[Records drawn from a dataset]
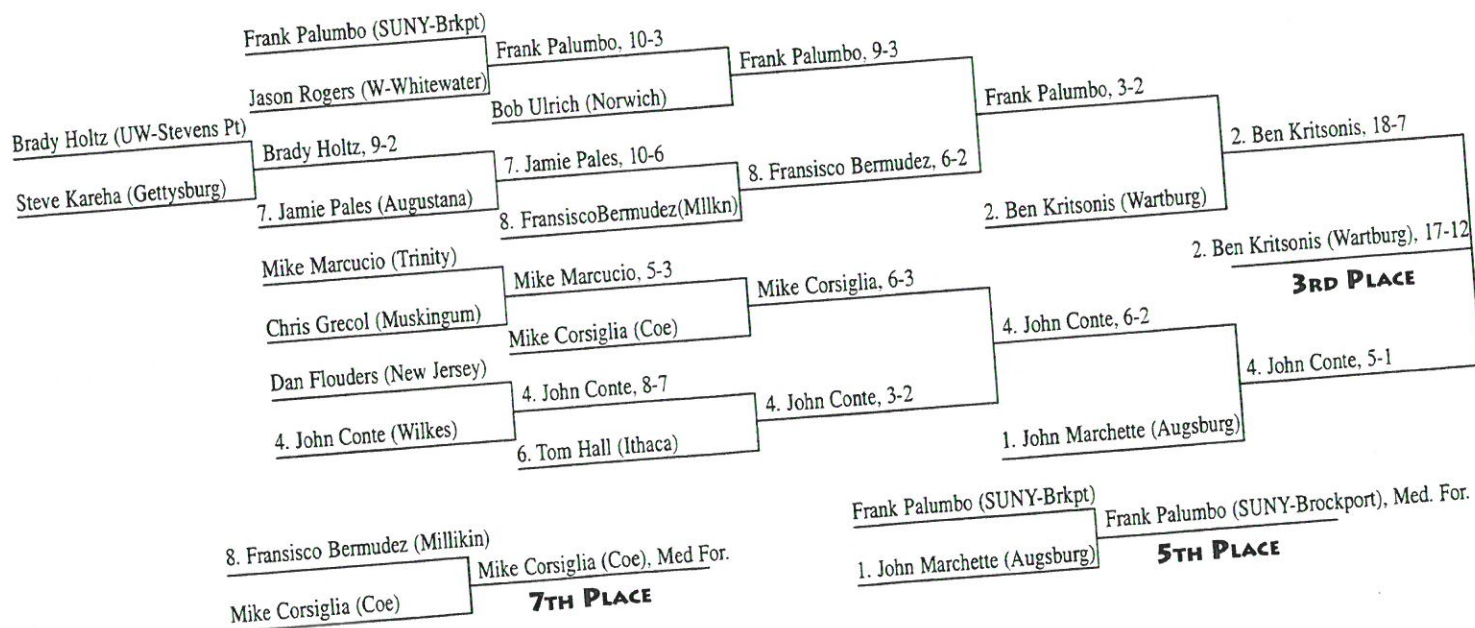

2000 NCAA DIVISION III WRESTLING CHAMPIONSHIPS 125-POUND WEIGHT CLASS

CHAMPIONSHIP BRACKET

CONSOLATION BRACKET

2000 NCAA DIVISION III WRESTLING CHAMPIONSHIPS 133-POUND WEIGHT CLASS

CHAMPIONSHIP BRACKET

CONSOLATION BRACKET

2000 NCAA DIVISION III WRESTLING CHAMPIONSHIPS

141-POUND WEIGHT CLASS

CHAMPIONSHIP BRACKET

CONSOLATION BRACKET

2000 NCAA DIVISION III WRESTLING CHAMPIONSHIPS

165-POUND WEIGHT CLASS

CHAMPIONSHIP BRACKET

CONSOLATION BRACKET

2000 NCAA DIVISION III WRESTLING CHAMPIONSHIPS

174-POUND WEIGHT CLASS

CHAMPIONSHIP BRACKET

CONSOLATION BRACKET

2000 NCAA DIVISION III WRESTLING CHAMPIONSHIPS

HEAVYWEIGHT WEIGHT CLASS

CHAMPIONSHIP BRACKET

CONSOLATION BRACKET

Task brief:
The answer should hold every entry exactly as given and no pictures at all.

Answer space:
2000 NCAA DIVISION III WRESTLING CHAMPIONSHIPS 125-POUND WEIGHT CLASS

CHAMPIONSHIP BRACKET

CONSOLATION BRACKET

2000 NCAA DIVISION III WRESTLING CHAMPIONSHIPS 133-POUND WEIGHT CLASS

CHAMPIONSHIP BRACKET

CONSOLATION BRACKET

2000 NCAA DIVISION III WRESTLING CHAMPIONSHIPS

141-POUND WEIGHT CLASS

CHAMPIONSHIP BRACKET

CONSOLATION BRACKET

2000 NCAA DIVISION III WRESTLING CHAMPIONSHIPS

165-POUND WEIGHT CLASS

CHAMPIONSHIP BRACKET

CONSOLATION BRACKET

2000 NCAA DIVISION III WRESTLING CHAMPIONSHIPS

174-POUND WEIGHT CLASS

CHAMPIONSHIP BRACKET

CONSOLATION BRACKET

2000 NCAA DIVISION III WRESTLING CHAMPIONSHIPS

HEAVYWEIGHT WEIGHT CLASS

CHAMPIONSHIP BRACKET

CONSOLATION BRACKET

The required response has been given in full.